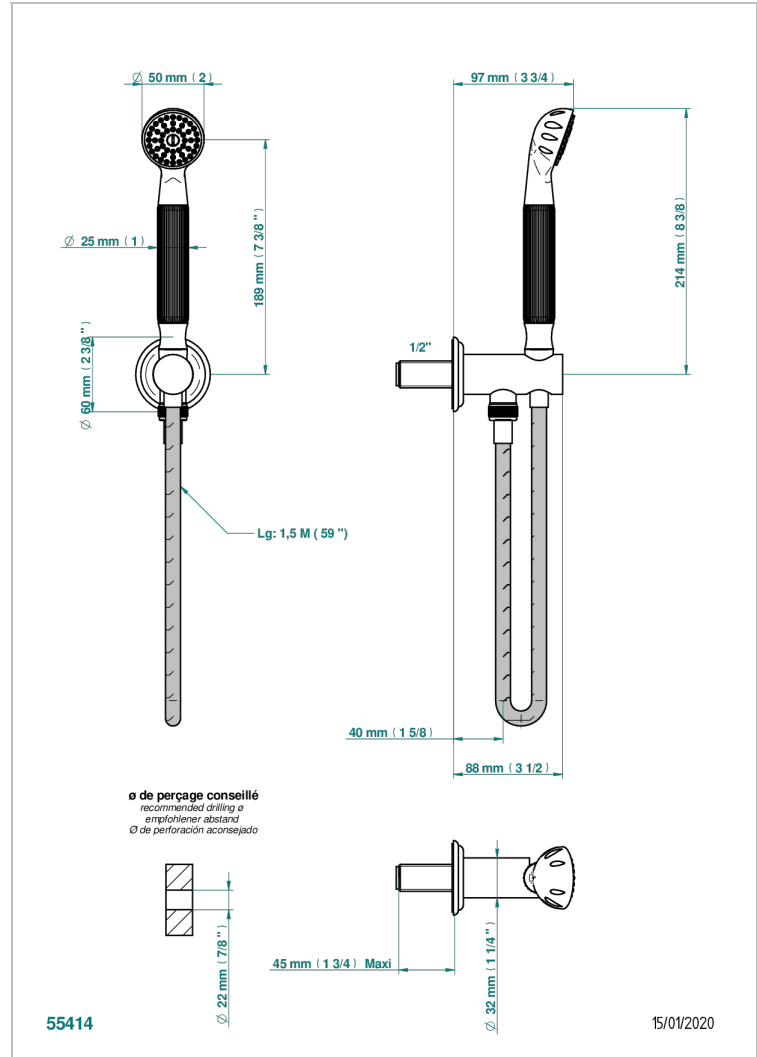

AMBOISE MALACHITE

A1J-54

Wall mounted stylised handshower, hose and elbow with rest

THG[®]
PARIS

CHARACTERISTIC

- Amboise Malachite
- Wall mounted stylised handshower, hose and elbow with rest

TECHNICAL SPECS

- Recommandé : 3 bars (max. 5 bars) - Advised : 43,5 psi (max. 72 psi)
- 9,5 l/min à 3 bars (2.5 gpm at 43.5 psi)

AVAILABLE FINITIONS

Antique nickel - H28
Black ceram - D30
Blush PVD - H62
Brass color PVD - H49
Brown bronze color PVD - F33
Gold color PVD - H52

-- Task statement --
Copy every line of the records exactly as it is written, but not the pictures.

-- Task solution --
AMBOISE MALACHITE

A1J-54

Wall mounted stylised handshower, hose and elbow with rest

THG[®]
PARIS

CHARACTERISTIC

- Amboise Malachite
- Wall mounted stylised handshower, hose and elbow with rest

TECHNICAL SPECS

- Recommandé : 3 bars (max. 5 bars) - Advised : 43,5 psi (max. 72 psi)
- 9,5 l/min à 3 bars (2.5 gpm at 43.5 psi)

AVAILABLE FINITIONS

Antique nickel - H28
Black ceram - D30
Blush PVD - H62
Brass color PVD - H49
Brown bronze color PVD - F33
Gold color PVD - H52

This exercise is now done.